Task prompt =>
Write out the data exactly as given, dropping every picture.

(Data extracted from a collection)

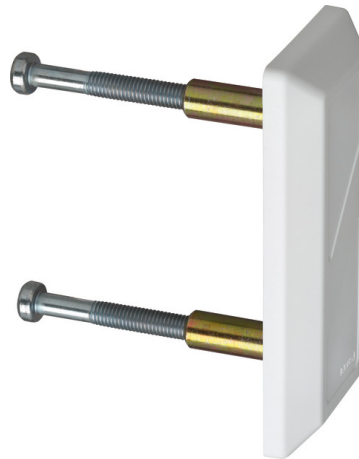

Deurbalk-bevestigingsset PA1018N wit

Seite 1 von 2

DISCREET EN VEILIG

Met deze set kunt u ABUS deurbalken veilig en stabiel op uw deuren bevestigen.

U wilt uw naar buiten draaiende deuren beveiligen met een deurbalk? Dan hebt u een bevestiging nodig die stevig verankerd is. De PA1018 bevestigingsset is robuust, maar overtuigt ook door zijn uiterlijk. De twee ankers kunnen zowel op deuren met een dikte tot 120 millimeter als in het kozijn worden gemonteerd. De geharde buitendelen met elegante kunststof afdekking zijn verkrijgbaar in zwart en wit. Geschikte staven zijn PR2600, PR2700 en PR2800.

Technologieën

- Doorlopende schroefbevestiging voor naar buiten openende deuren
- Geharde buitendelen met elegante kunststof afdekking
- Set bestaat uit twee stuks

Toepassing en gebruik

- Bevestigingsset voor naar buiten openende deuren
- Geschikt voor deurbalken PR2600, PR2660, PR2700 en PR2800
- Geschikt voor deurstangslot TSS550
- Stabiele verankering op de deur wordt bereikt door twee pantserrozetten
- M8x100 schroeven geschikt voor deurdikte tot 120 mm

Tips

- U kunt de bevestigingsset PA1014 bestellen die bij de PR1400 deurbalk past

Deurbalk-bevestigingsset PA1018N wit

Seite 2 von 2

Varianten

- Kleuren: zwart, wit

Technische gegevens - Deurbalk-bevestigingsset PA1018N wit

Answer space =>
Deurbalk-bevestigingsset PA1018N wit

Seite 1 von 2

DISCREET EN VEILIG

Met deze set kunt u ABUS deurbalken veilig en stabiel op uw deuren bevestigen.

U wilt uw naar buiten draaiende deuren beveiligen met een deurbalk? Dan hebt u een bevestiging nodig die stevig verankerd is. De PA1018 bevestigingsset is robuust, maar overtuigt ook door zijn uiterlijk. De twee ankers kunnen zowel op deuren met een dikte tot 120 millimeter als in het kozijn worden gemonteerd. De geharde buitendelen met elegante kunststof afdekking zijn verkrijgbaar in zwart en wit. Geschikte staven zijn PR2600, PR2700 en PR2800.

Technologieën

- Doorlopende schroefbevestiging voor naar buiten openende deuren
- Geharde buitendelen met elegante kunststof afdekking
- Set bestaat uit twee stuks

Toepassing en gebruik

- Bevestigingsset voor naar buiten openende deuren
- Geschikt voor deurbalken PR2600, PR2660, PR2700 en PR2800
- Geschikt voor deurstangslot TSS550
- Stabiele verankering op de deur wordt bereikt door twee pantserrozetten
- M8x100 schroeven geschikt voor deurdikte tot 120 mm

Tips

- U kunt de bevestigingsset PA1014 bestellen die bij de PR1400 deurbalk past

Deurbalk-bevestigingsset PA1018N wit

Seite 2 von 2

Varianten

- Kleuren: zwart, wit

Technische gegevens - Deurbalk-bevestigingsset PA1018N wit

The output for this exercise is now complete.